== What you need to do ==
Output only the stretch of the listing that starts at the line containing "To Kennedy Center" and ends at the line containing "Kennedy Ctr Rdwy+Kennedy Ctr", reproduced exactly with both ends.

[Start of section]

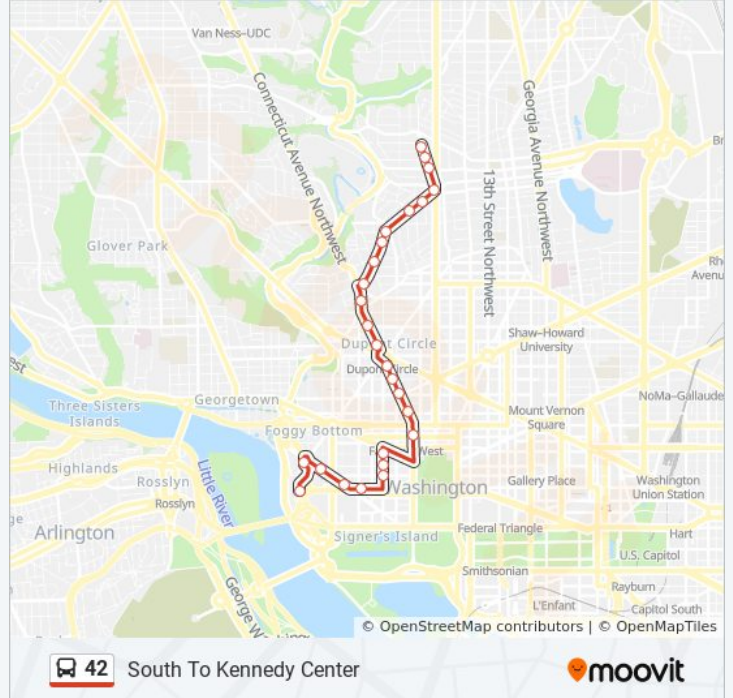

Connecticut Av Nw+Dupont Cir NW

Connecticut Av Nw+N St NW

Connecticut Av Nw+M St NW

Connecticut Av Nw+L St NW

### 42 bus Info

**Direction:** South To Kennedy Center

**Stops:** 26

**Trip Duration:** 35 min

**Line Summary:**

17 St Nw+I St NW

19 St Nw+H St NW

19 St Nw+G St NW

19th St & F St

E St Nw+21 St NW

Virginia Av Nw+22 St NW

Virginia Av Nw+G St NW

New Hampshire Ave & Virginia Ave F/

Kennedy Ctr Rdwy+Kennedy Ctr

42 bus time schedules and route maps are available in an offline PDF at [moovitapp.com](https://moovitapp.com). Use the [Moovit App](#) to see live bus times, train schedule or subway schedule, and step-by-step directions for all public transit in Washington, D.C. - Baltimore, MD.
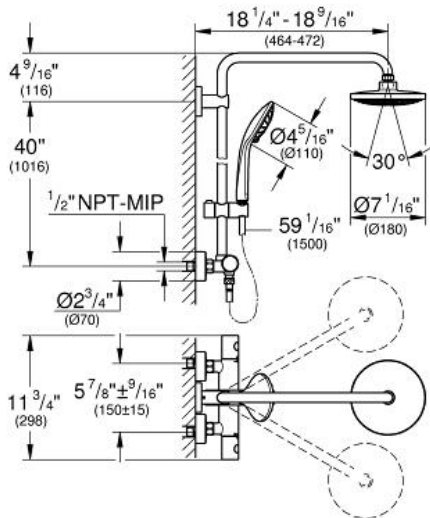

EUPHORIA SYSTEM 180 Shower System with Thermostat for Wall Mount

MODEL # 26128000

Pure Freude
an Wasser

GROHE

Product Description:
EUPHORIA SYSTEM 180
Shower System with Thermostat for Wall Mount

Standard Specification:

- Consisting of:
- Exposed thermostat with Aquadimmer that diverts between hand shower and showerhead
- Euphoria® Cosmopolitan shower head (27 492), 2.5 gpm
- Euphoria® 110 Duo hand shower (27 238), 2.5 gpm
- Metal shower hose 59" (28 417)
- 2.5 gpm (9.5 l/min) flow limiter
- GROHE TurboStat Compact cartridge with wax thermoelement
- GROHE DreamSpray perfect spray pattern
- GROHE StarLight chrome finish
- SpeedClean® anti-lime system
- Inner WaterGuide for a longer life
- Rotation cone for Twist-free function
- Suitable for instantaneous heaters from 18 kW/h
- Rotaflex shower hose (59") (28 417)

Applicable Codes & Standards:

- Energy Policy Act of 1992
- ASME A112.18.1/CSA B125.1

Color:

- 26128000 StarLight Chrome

[End of section]
[Start of section]

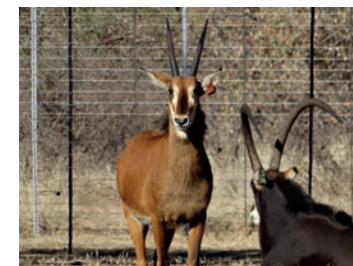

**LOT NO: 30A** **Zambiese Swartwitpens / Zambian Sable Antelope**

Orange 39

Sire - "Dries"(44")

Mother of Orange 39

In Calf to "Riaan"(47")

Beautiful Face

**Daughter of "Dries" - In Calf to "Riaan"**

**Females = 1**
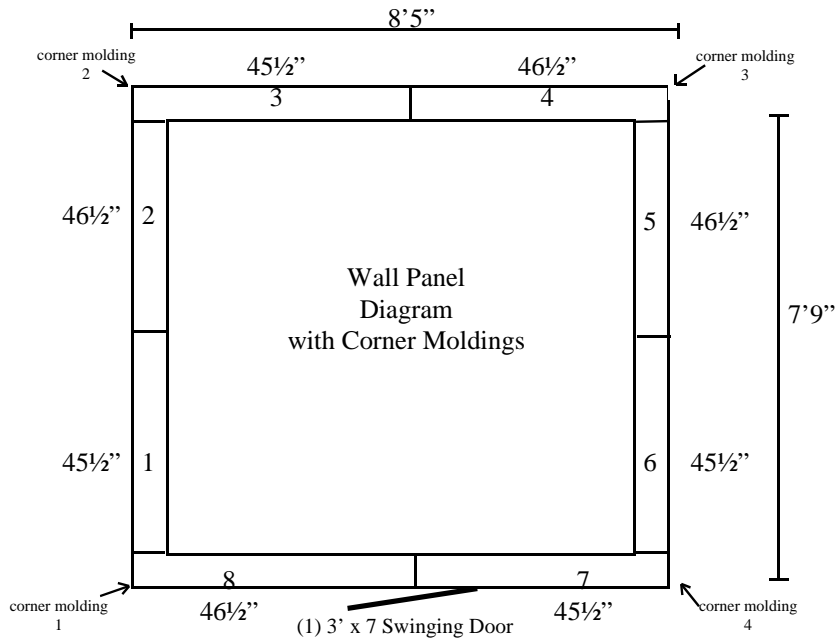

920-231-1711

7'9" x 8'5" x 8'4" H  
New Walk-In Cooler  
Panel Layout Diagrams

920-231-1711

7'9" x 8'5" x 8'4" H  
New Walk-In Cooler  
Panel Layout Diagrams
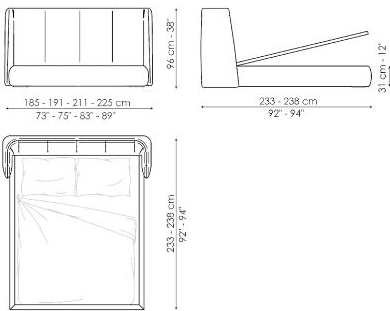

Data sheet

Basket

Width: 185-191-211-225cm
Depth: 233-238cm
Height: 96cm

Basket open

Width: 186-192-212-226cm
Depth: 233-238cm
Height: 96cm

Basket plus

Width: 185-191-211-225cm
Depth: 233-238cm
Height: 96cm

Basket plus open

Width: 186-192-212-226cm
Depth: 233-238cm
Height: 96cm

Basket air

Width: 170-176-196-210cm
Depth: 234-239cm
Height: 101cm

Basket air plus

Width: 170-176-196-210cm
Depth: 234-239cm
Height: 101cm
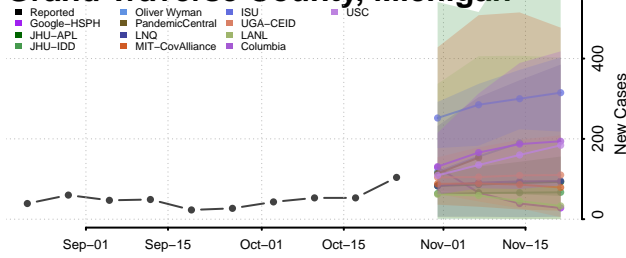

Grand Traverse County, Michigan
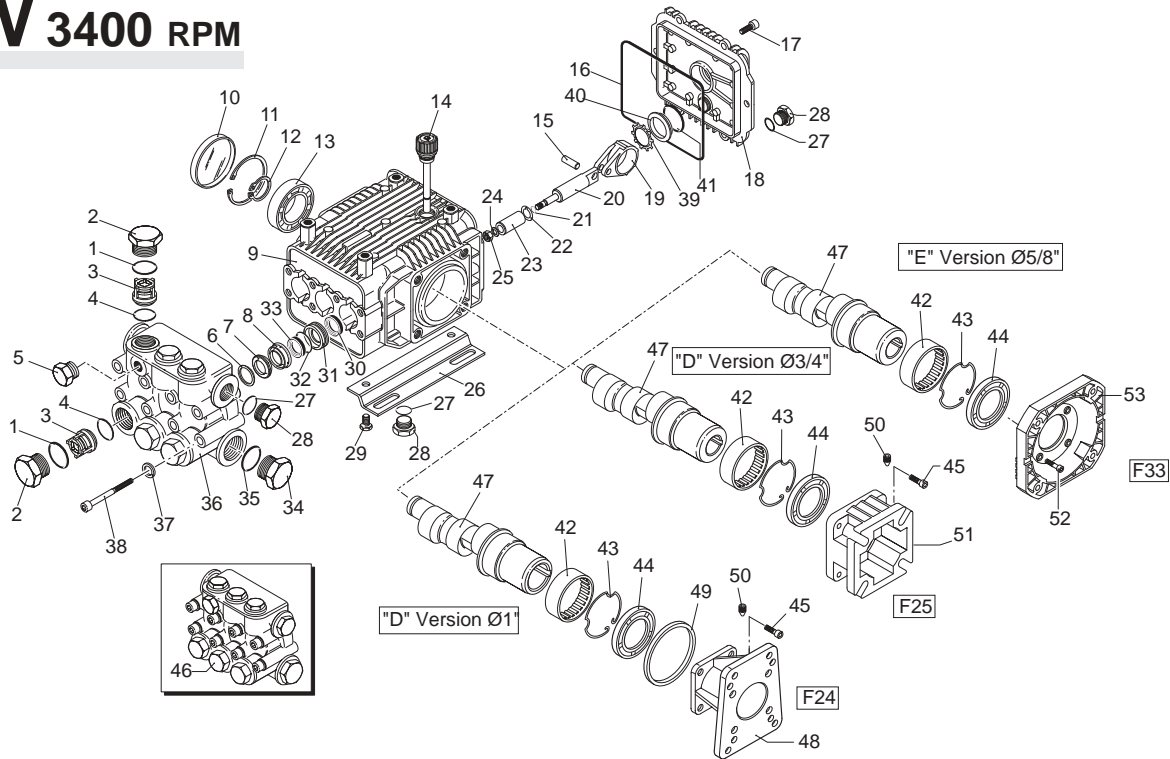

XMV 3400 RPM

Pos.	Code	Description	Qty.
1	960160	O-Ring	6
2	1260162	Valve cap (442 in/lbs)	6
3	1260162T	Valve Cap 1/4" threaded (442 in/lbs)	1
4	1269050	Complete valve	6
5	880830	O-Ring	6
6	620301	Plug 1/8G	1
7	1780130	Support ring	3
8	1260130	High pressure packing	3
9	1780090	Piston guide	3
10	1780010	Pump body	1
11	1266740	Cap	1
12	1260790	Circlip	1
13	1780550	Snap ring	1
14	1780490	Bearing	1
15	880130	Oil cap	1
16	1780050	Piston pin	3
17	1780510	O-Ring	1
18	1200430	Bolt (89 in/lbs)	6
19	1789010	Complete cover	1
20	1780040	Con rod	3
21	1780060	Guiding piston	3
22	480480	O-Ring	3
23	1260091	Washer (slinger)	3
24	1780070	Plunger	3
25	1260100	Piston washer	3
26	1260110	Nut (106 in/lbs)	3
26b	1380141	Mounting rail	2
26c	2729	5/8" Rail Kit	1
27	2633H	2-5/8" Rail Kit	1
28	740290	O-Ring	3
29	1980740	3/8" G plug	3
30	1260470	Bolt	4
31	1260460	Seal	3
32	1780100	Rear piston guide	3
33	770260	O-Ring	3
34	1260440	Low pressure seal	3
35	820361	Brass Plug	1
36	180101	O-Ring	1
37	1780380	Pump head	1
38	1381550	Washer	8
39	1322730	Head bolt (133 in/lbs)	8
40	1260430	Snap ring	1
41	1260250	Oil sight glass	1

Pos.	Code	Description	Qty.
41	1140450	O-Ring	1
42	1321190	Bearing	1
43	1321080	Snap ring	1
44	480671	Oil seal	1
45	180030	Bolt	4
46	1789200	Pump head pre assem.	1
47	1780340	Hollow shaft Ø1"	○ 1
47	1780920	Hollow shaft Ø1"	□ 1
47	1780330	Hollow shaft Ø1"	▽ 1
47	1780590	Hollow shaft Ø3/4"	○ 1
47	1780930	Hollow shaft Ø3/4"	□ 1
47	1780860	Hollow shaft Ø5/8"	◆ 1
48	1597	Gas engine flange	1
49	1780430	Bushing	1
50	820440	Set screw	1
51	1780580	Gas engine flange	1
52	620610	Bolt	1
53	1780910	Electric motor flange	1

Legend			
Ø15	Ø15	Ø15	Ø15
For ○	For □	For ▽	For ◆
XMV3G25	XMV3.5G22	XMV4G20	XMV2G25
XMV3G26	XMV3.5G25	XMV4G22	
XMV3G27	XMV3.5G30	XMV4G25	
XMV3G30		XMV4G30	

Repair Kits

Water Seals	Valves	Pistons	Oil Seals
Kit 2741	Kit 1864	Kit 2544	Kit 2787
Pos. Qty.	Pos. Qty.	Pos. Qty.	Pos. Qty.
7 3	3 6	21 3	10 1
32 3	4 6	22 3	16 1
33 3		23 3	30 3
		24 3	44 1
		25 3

[End of section]

== Output for this exercise ==
**Direction:** South To Kennedy Center

**Stops:** 26

**Trip Duration:** 35 min

**Line Summary:**

17 St Nw+I St NW

19 St Nw+H St NW

19 St Nw+G St NW

19th St & F St

E St Nw+21 St NW

Virginia Av Nw+22 St NW

Virginia Av Nw+G St NW

New Hampshire Ave & Virginia Ave F/

Kennedy Ctr Rdwy+Kennedy Ctr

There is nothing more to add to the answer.